# Figuring overhead



## Grumpy (Oct 8, 2003)

Overhead is really actually very easy if you know your numbers. You have to know what you did last year, know what you are projecting to do this year, and watch your numbers from time to time to make sure you are on target.

Your first year in business it's a little harder sicne you have no historic data to fall back on. However you can make some very educated guesses with your accountant as to your overhead and do a profit loss report at the end of the first, then second,t hen third job and adjust accordingly. Every time you want to make a big purchase ask your accountant how that will effect your overhead and thusly your pricing.

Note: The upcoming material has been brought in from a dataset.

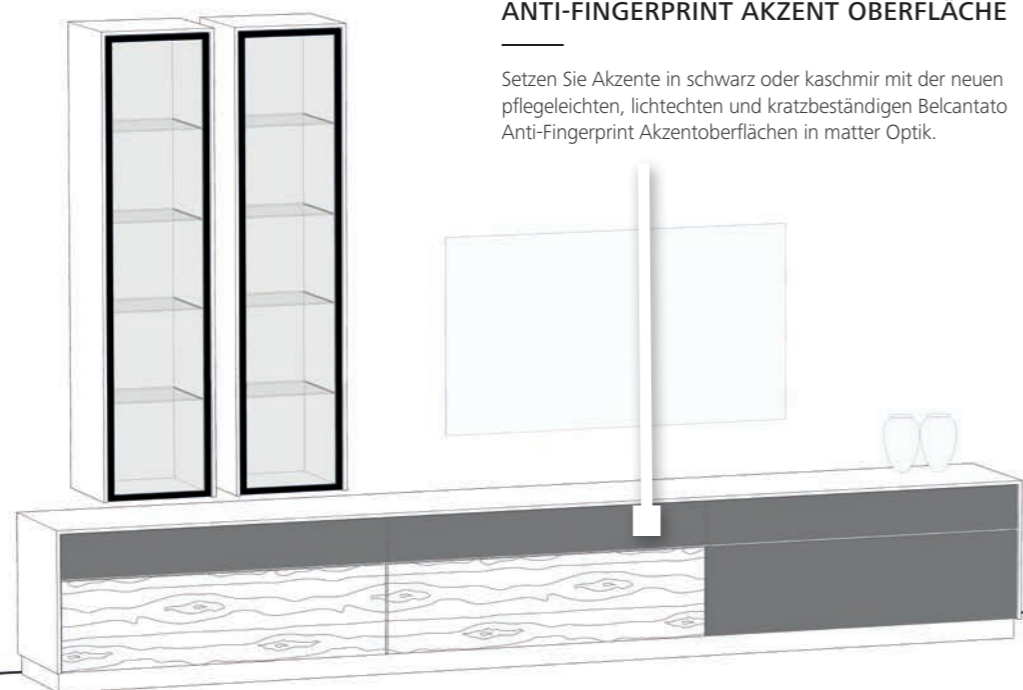

ANTI-FINGERPRINT AKZENT OBERFLÄCHE

Setzen Sie Akzente in schwarz oder kaschmir mit der neuen pflegeleichten, lichtechten und kratzbeständigen Belcantato Anti-Fingerprint Akzentoberflächen in matter Optik.

With me, it's simple. I know how much it costs me to run my business including my salary. I know about how many working days and how many jobs we are going to do this year. I know what the "going rate" is and I won't charge less than that. 

SO if it costs me $365,000 a year just to have a company sitting weather we do business or not you may think that's an easy $1,000.00 per day. Right? Wrong! There are only 200 working days in the year around here so that's actually $1,825 per day... almost double!

That means I need $1,825 gross profit per day to pay my salary and break even as a company. Anything more is gross profit. How do I apply this to a job? You know to know how long the job will take and how many jobs you will have run con-current, how many crews working per day. If I did 365 jobs last year that means I did 1.825 jobs per day. I could take the $1,825/1.825 and know I need to make $1,000 per crew per day just to break even.

I hope that makes sense. After you've read all our replies, ask your accountant what he thinks.


----------



## Kenny K (Feb 9, 2008)

correct method. accountants are a good rescource if confused


----------



## john elliott (Oct 23, 2005)

A distinction needs to be made between 'overhead', and 'recovering overhead'.

'Overhead' exists anyway. Even if you do no work at all. You can't measure 'overhead' on a by-the-job basis.

'Recovering overhead' requires knowledge of the 'overhead' itself, and a method of ensuring that each job done contributes a suitable share towards it

John


----------